On the implications of nitromethane - NOx chemistry interactions for combustion processes

In this work, we report a detailed investigation of the CH3NO2 chemistry effect on fuel-NO interactions for the fuels methane and n-heptane using a recently developed and extensively validated H-2/O-2/CO/NOx/NH3/CH3NO2 baseline chemistry. In general, the model predictions show good agreement with temperature profiles of major and intermediate species in jet-stirred reactor experiments and they capture the subtle effect of NO addition. For both fuels, the CH3NO2 kinetics retard the system reactivity in the low temperature range by delaying the production of key radicals like OH and HO2. This explains the retarding effect of NO for n-heptane low temperature ignition and the overprediction of reactivity enhancement by NO in earlier studies on methane combustion.
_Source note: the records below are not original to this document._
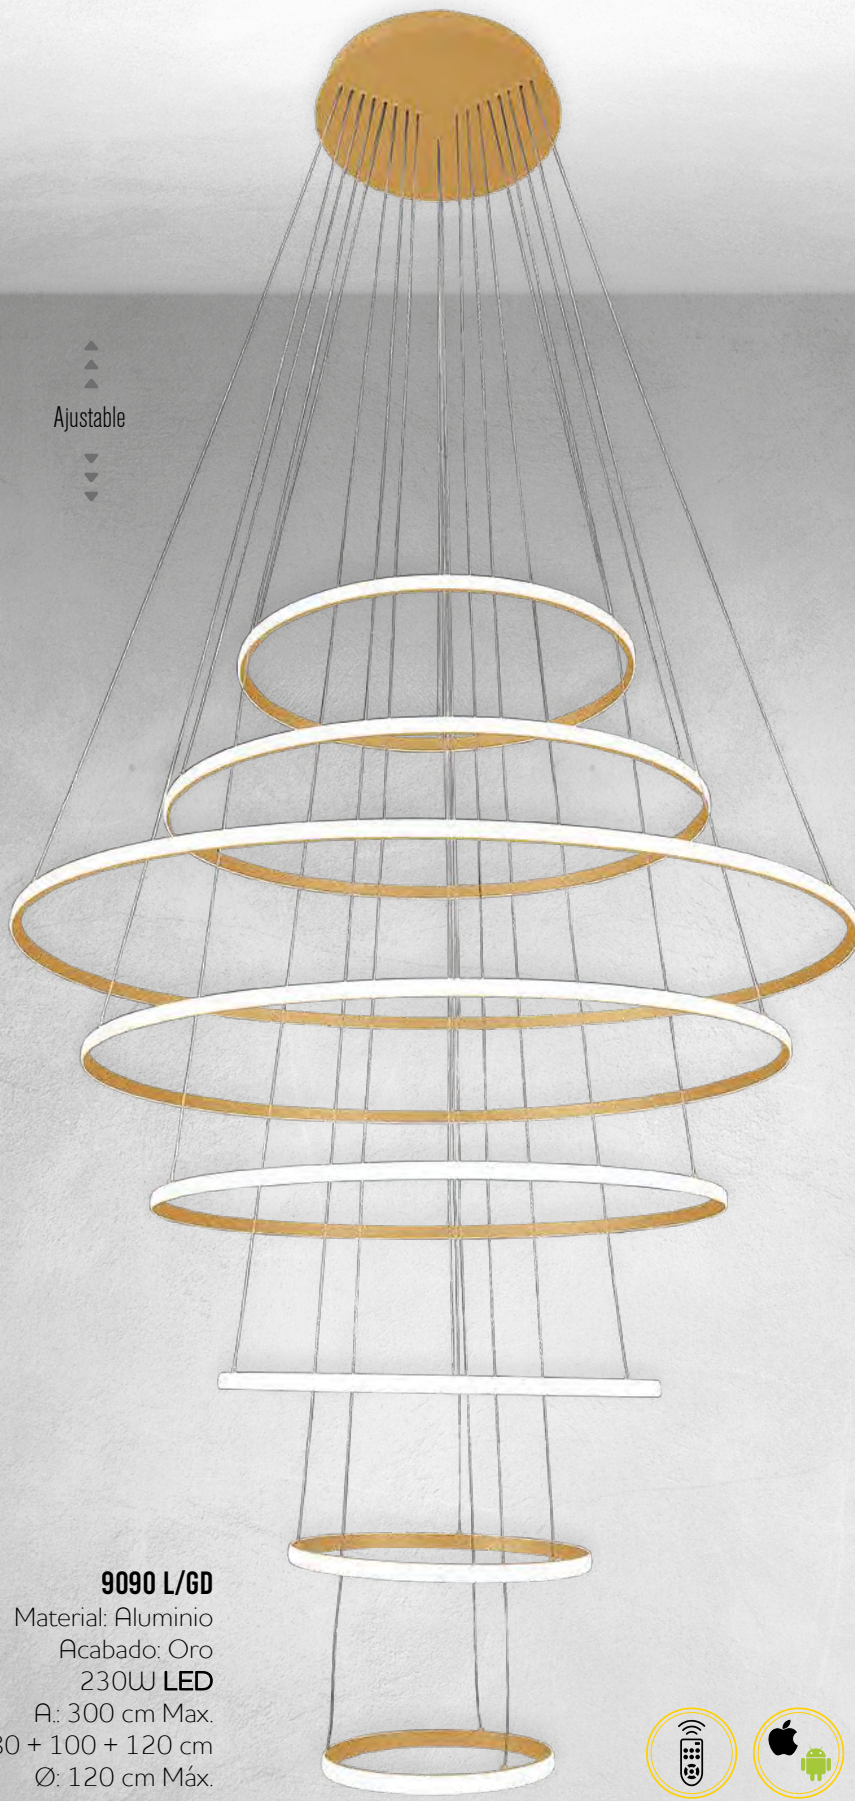

230W LED

A.: 300 cm Max.

L.: 30 + 40 + 60 + 80 + 100 + 120 cm

Ø: 120 cm Máx.

Familia
BRIENNO

▲
▲
▲
Ajustable
▼
▼
▼

9090 L/GD

Material: Aluminio
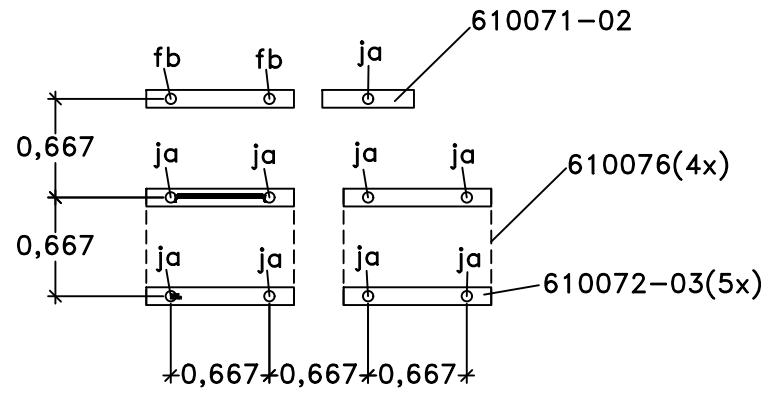

1:100
1,0m 5,0m

STEP 1

19h

Varje vecka
Every week
Jede woche
Chaque semaine

Varje säsong
Every season
Jedes Jahr
Chaque saison

HAGS ANEBY, SWEDEN
+46(0)380-47300
www.hags.com

UniMini Bexy
MASW40484
1/3

EF - 2017-02-02 1+

STEP 2

HAGS ANEBY, SWEDEN
+46(0)380-47300
www.hags.com

UniMini Bexy
MASW40484
2/3

EF - - 0+

STEP 3

HAGS ANEBY, SWEDEN
+46(0)380-47300
www.hags.com

UniMini Bexy
MASW40484
3/3

EF - - 0+
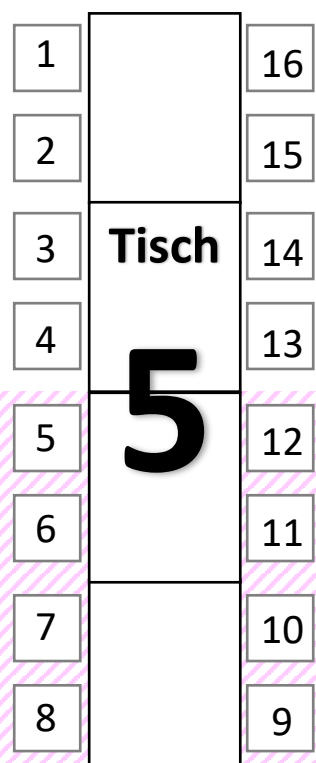

Bühne

Heimatbühne Eitze
Düttmaal wat mit Niveau!
2018

DJ

Ton

Tische werden nach der
Premiere für die
Tanzfläche entfernt!

(gilt nur für die Premiere)

Theke
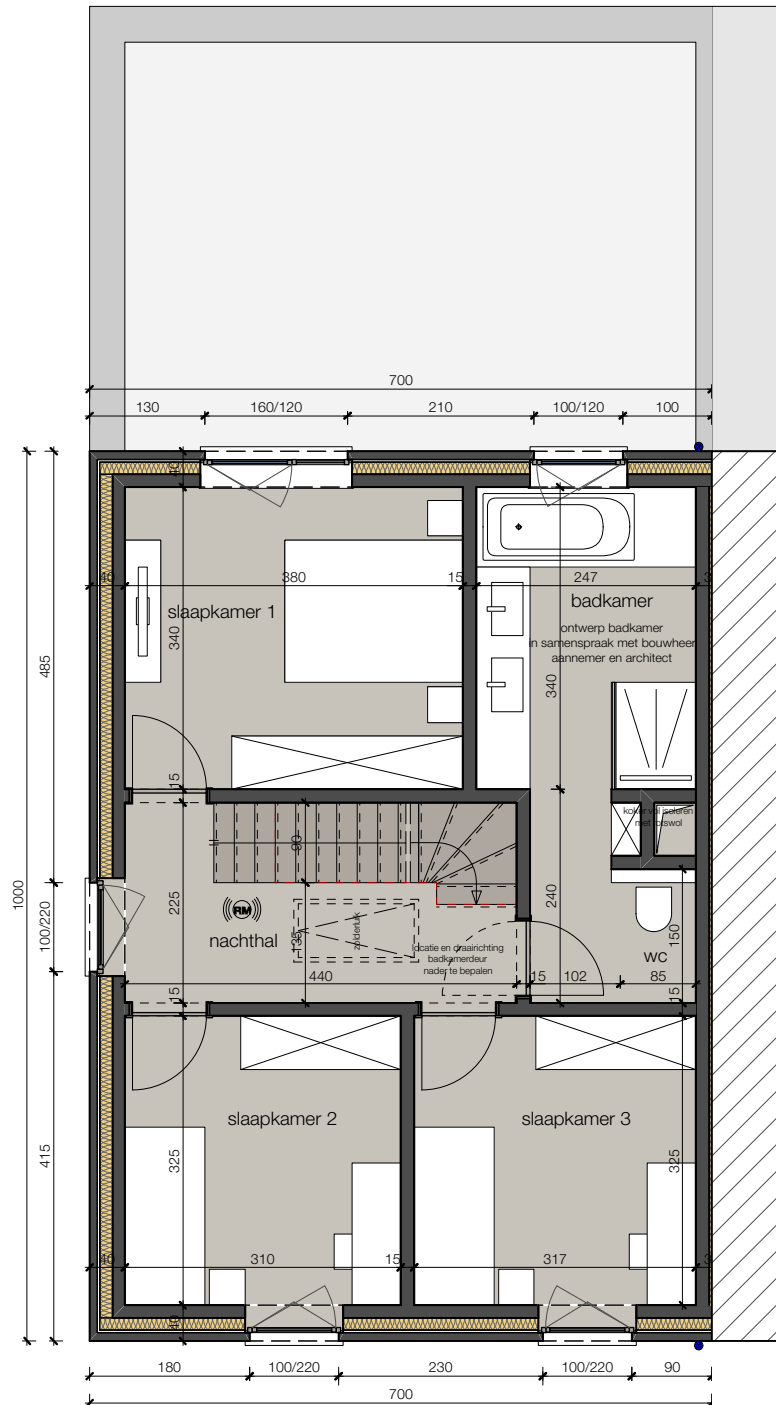

Lot 08_voorgevel

LOT 8

0 1 5 M

ZUIDSTRAAT KAPRIJKE

6/05/21

Lot 08_gelijkvloers

ZUIDSTRAAT KAPRIJKE

6/05/21

Lot 08_1° verdieping

Alle afmetingen zijn informatief.
 Constructieve wijzigingen van de plannen onder voorbehoud van studie IR stabiliteit en studie IR technieken.
 Het voorgestelde meubilair is louter illustratief en niet bindend. De plannen mogen niet gekopieerd/hergebruikt worden.

ZUIDSTRAAT KAPRIJKE

Lot 08_sne

6/05/21

Lot 08_zijgevel

ZUIDSTRAAT KAPRIJKE

6/05/21

Lot 08_2° verdieping

Alle afmetingen zijn informatief.
Constructieve wijzigingen van de plannen onder voorbehoud van studie IR stabiliteit en studie IR technieken.
Het voorgestelde meubilair is louter illustratief en niet bindend. De plannen mogen niet gekopieerd/hergebruikt worden.
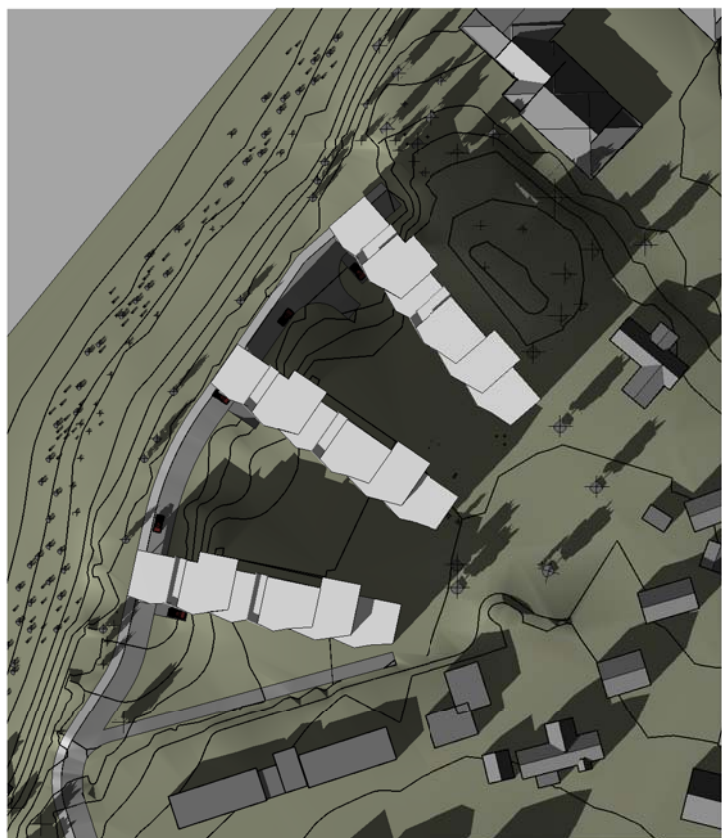

Sol og skygge 21 juni kl.12

Sol og skygge 21 juni kl.15

Sol og skygge 21 juni kl.18

Sol og skygge 21 juni kl.21

Sol og skygge 21 mars kl.12

Sol og skygge 21 mars kl.15

Sol og skygge 21 mars kl.18

SELBERG ARKITEKTER AS
plan | arkitektur | landskap

No.	Description	Date

Stamnesøra

Sol- og skyggestudier		
Prosjektnummer	13038	A120
Dato	16/02/15	
Tegnet	JWe	Skala
Kontrollert	SMA

For methane, the recently explored roaming mediated dissociation channel of CH3NO2 to CH3O + NO is a major reaction pathway for CH3NO2 consumption. Our analysis suggests that at higher pressure, relevant to engine conditions, the two key intermediate species HONO and CH3NO2 feature strongly increased concentrations during n-heptane combustion and they may be detectable under such conditions in combustion experiments of this fuel-NOx system. The results of this work call for detailed future investigations of the CH3NO2 chemistry effect in the context of exhaust gas recirculation, also with regard to the suppression of engine knock.

Automated summary

This work investigates in detail the CH3NO2 chemistry effect on fuel-NO interactions for methane and n-heptane fuels, revealing that CH3NO2 kinetics delay the reactivity in the low temperature range and explaining the delayed ignition effect of NO for n-heptane. Additionally, the roaming mediated dissociation channel of CH3NO2 is a significant reaction pathway in its consumption process.